Records from a collection:
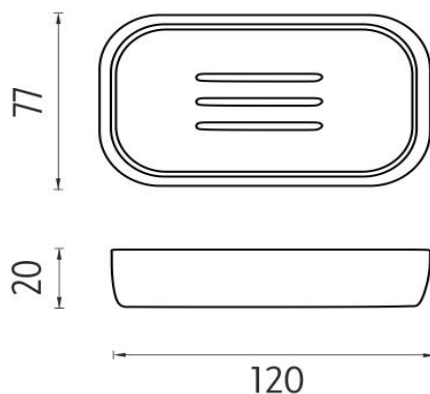

BA 28059-05

Badu

Mýdlenka

Mýdlenka. Barva bílá. Materiál polyresin, bambusové dřevo.

Soap dish

Soap dish. White color. Made of polyresin, bamboo.

Náhradní díly / Spare parts

BA 28059-S

Sítka mýdlenky-bambus.
Soap dish-bamboo.

materiál - úprava (barva) / material - surface finish (colour) :
polyresin, bambusové dřevo-
polyresin, bamboo-

→	770
↑	1200
↗	200

EAN : 8595187115347

ROMVEL spol. s r. o.
Dr. Milady Horákové 561/86a
Liberec 7, 460 07
Česká Republika / Czech Republic
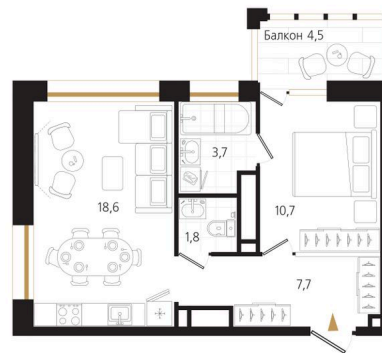

Номер: 103

1 комнатная 43.8 м²

Отсканируйте QR-код
и смотрите на сайте
ewss-zolotoyrog.ru

КОРПУС С1

16 этаж

Etel-seiss

№103
43 м²

15 042 672 руб.

Корпус	Корпус С	Этаж	16
Секция	1	Сдача	3 кв. 2027

09.07.2026 19:21 (Мск)

Не является публичной офертой, цена может быть скорректирована.
Информация взята с сайта «ewss-zolotoyrog.ru».

На этаже 16

1 комнатная 43.8 м²
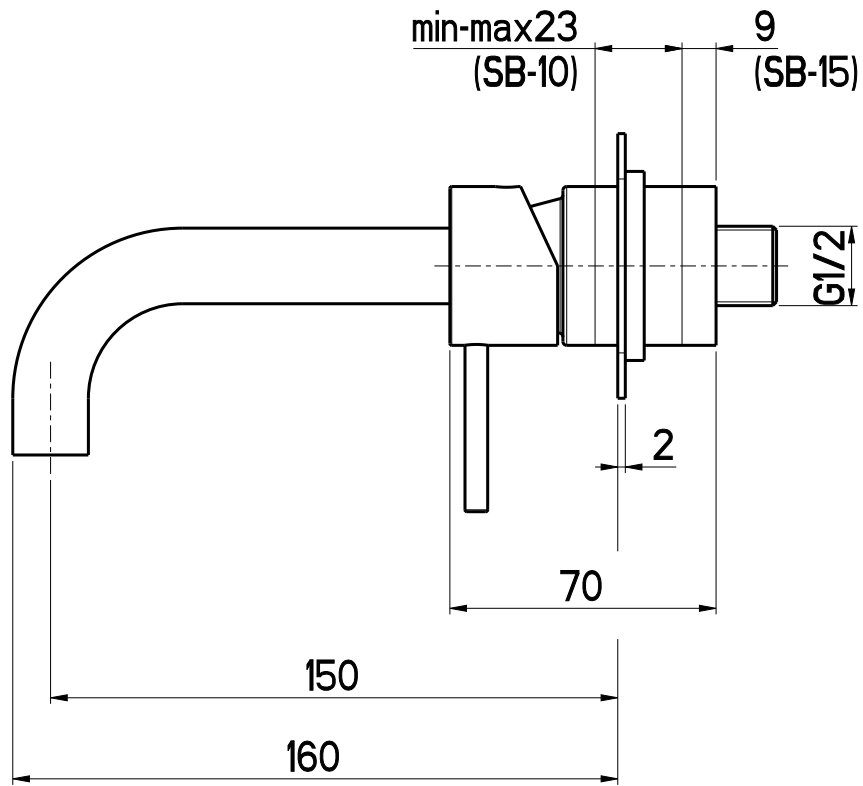

**OIOLI**  
**RUBINETTERIE**  
 e-mail: mattia@oioli.com  
 Via Pul Stretta, 10/12  
 28024 Gozzano (No) Italy  
 Tel. 0322 956338  
 Fax 0322 912094

DATA	19/10/2023	VERSIONE	PROGETTO	SCALA	CODICE DISEGNO	
DISEGNATORE	B.F.	1.2		1:2		
DESCRIZIONE						ARTICOLO
PARTI ESTERNE LAVABO A PARETE MICRO						MIEL402RO
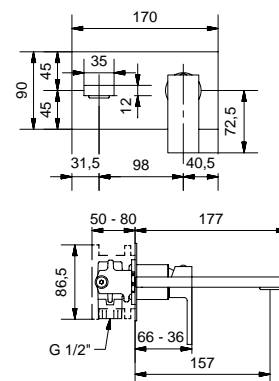

Monocomando lavabo a parete con canna 15,5 cm
con piastra unica
Wall basin mixer with spout 15,5 cm with single plate

FINITURE/FINISHING	€
CR	251,00
NS	351,00
OP	281,00

9143SC
Con scarico Clic-Clac · *With Clic-Clac press top waste*

CR	276,00
NS	386,00
OP	310,00

What you are asked to do:
The line that contains "Tel. 0322 956338" opens the part to copy, and the last line of the records closes it; set down those lines exactly, pictures excluded.

Result for this task:
 Tel. 0322 956338  
 Fax 0322 912094

DATA	19/10/2023	VERSIONE	PROGETTO	SCALA	CODICE DISEGNO	
DISEGNATORE	B.F.	1.2		1:2		
DESCRIZIONE						ARTICOLO
PARTI ESTERNE LAVABO A PARETE MICRO						MIEL402RO

Monocomando lavabo a parete con canna 15,5 cm
con piastra unica
Wall basin mixer with spout 15,5 cm with single plate

FINITURE/FINISHING	€
CR	251,00
NS	351,00
OP	281,00

9143SC
Con scarico Clic-Clac · *With Clic-Clac press top waste*

CR	276,00
NS	386,00
OP	310,00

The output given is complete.